Stella’s dumping was an excruciating, real-life version of a scene famous in the pop-culture archives — the awkward restaurant breakup. Clichéd enough to warrant its own entry on TV Tropes, the breakup dinner has been a staple of popular entertainment for so long that, even in the 1970s, it was a trope well-worn enough to be parodied. Despite being so stale, it’s continued to be rolled out in the decades since: in films like Legally Blonde (2001), The Social Network (2010) and The Five-Year Engagement (2012); and on TV shows like Seinfeld (1997), The Office (2009) and Happy Endings (2012).

But do people actually break up like this in real life? Obviously poor Stella did, but the restaurant breakup seems to be like the baseball sex analogy: It occurs so often in pop culture that it bleeds into real life, rather than the other way around. The whole scenario is calculated to make for good TV, but in reality, restaurants are terrible venues for ending relationships: You’re in public, servers are frequently interrupting and neither of you are free to fully express your emotions.
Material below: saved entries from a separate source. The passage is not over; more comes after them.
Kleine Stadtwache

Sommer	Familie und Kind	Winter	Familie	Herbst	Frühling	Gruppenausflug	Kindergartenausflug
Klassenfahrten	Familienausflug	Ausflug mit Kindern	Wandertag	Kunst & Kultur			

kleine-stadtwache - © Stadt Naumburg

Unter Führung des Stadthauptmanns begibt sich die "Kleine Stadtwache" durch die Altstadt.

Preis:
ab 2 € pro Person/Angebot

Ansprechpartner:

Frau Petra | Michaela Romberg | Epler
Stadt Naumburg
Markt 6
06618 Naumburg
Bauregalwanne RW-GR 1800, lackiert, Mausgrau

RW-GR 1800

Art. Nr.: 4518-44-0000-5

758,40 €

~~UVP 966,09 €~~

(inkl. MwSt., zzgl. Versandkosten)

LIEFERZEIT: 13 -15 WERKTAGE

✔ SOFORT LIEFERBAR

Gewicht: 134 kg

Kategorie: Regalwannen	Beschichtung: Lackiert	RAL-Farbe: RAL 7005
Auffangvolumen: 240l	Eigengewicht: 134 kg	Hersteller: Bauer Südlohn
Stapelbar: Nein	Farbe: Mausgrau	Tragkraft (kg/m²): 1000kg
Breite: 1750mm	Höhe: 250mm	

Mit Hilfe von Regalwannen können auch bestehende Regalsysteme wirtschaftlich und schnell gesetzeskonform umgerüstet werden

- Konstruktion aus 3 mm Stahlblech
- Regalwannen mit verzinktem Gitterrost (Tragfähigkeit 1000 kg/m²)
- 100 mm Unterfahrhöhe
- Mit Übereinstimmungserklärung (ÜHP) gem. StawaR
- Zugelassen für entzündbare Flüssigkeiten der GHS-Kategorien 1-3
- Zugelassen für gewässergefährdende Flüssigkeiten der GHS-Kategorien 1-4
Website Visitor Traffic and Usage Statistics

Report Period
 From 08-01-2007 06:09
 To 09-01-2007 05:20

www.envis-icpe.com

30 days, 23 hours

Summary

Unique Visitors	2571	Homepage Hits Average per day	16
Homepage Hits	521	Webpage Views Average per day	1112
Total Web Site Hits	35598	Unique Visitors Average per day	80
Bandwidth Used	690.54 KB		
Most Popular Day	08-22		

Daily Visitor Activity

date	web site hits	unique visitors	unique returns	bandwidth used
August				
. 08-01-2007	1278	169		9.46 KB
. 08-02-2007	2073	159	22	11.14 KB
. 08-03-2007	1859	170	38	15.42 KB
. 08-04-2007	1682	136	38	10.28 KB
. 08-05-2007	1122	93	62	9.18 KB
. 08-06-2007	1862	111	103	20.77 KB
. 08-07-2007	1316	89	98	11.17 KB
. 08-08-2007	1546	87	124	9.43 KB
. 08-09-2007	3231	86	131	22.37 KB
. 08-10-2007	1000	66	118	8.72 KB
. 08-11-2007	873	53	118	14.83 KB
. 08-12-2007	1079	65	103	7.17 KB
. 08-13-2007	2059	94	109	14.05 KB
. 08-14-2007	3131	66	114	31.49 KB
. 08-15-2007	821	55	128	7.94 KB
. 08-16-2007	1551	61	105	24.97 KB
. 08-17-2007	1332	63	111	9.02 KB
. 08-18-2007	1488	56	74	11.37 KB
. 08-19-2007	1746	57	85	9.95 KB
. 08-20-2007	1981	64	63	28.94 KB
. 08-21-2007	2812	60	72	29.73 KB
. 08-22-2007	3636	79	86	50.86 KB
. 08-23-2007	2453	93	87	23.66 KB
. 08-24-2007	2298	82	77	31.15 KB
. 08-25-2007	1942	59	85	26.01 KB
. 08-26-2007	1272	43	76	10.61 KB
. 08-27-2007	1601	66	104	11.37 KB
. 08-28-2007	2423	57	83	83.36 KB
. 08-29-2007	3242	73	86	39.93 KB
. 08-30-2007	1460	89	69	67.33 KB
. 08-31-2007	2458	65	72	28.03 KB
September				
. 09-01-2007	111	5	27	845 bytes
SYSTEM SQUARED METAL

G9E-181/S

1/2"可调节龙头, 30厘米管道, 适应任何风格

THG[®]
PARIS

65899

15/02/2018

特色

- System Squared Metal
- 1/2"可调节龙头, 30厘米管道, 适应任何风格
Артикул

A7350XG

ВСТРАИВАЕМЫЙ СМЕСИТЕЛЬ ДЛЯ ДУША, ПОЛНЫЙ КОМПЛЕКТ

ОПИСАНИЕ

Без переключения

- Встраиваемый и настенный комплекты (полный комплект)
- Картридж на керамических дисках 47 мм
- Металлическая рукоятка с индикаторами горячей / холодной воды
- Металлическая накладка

Of course, the assumed inability of the dumpee to scream and sob is the whole point, and the reason screenwriters love this set-up. Inevitably, the person being dumped makes a scene anyway, creating a cinematic spectacle that shocks onlookers and delights audiences. And that person is invariably a woman. The trope rests on gendered assumptions, namely that women are likely to respond hysterically to the news of a breakup and rarely be the ones to initiate it. It’s the old “women are emotional and men are rational” stereotype, combined with the stereotype that women are clingy and desperate for committed relationships whereas men don’t want to be “tied down.”
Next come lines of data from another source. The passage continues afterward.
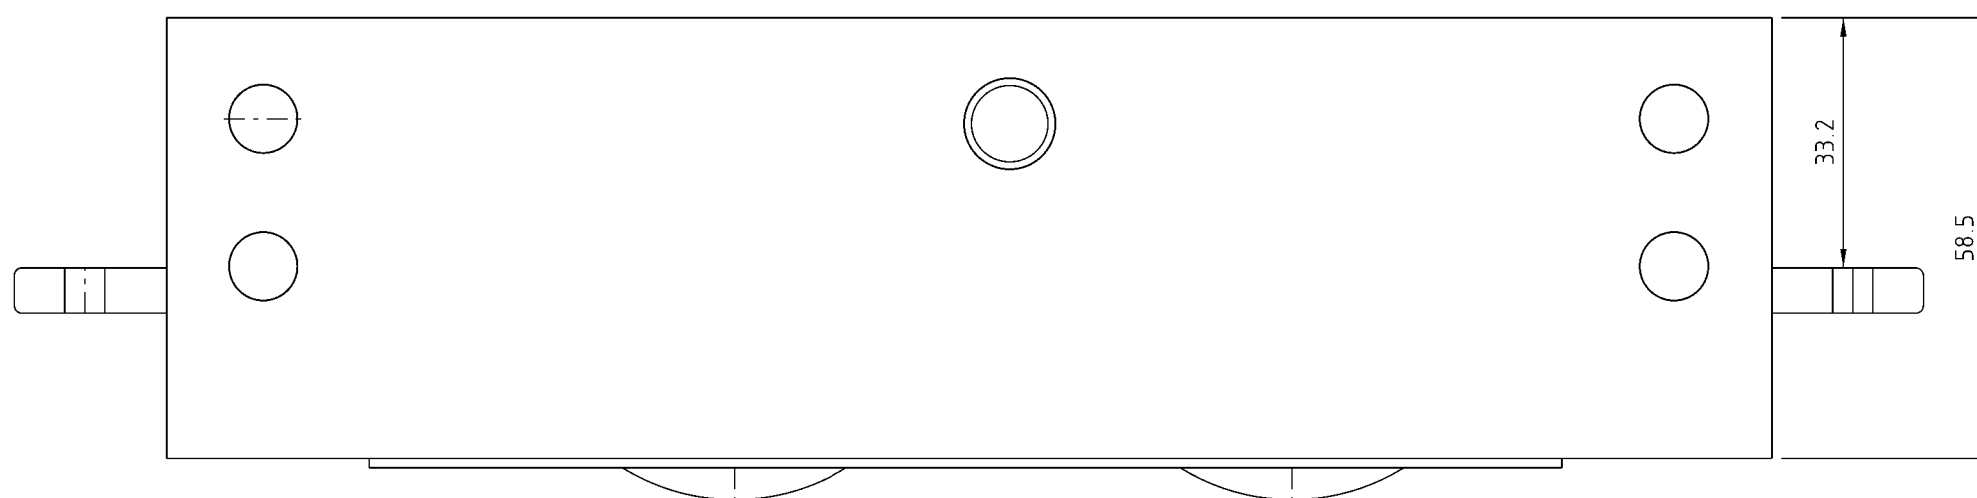

ROLDANA STRONG

CORRER

LINHA CHROMA

COMPOSIÇÃO
ESTRUTURA EM ALUMÍNIO
PARAFUSOS AÇO INOX
RODA POLIAMIDA COM FIBRA

INFORMAÇÕES
DUPLA COM REGULAGEM
ROLAMENTO BLINDADO
CARGA 260KG POR FOLHA

EMBALAGEM:
02 PEÇAS

ROL81N

ESCALA 1:1

USINAGEM - ESCALA 1:2

Obviously, real life is much more complicated. Men are actually at least as likely to be dumped by women, and at any rate, people usually want breakups to be as respectful as possible. Even if you do want to take the cowardly route of foreclosing a display of emotion, you can easily dump your partner by text now — there’s no need to fork out $200 for dinner at a nice restaurant.

Unsurprisingly, Stella cautions people not to opt for this breakup venue. “I don’t think it’s very kind,” she says, explaining that if you absolutely must dump someone over a meal, you should wait until you’re wrapping up to broach the subject, drive separately so they can get away from you immediately and have the decency to pick up the whole check — it’s the least you can do, she says, given that you’ve just hurt their feelings in public.

Oh, and “maybe don’t do it on your anniversary,” she adds.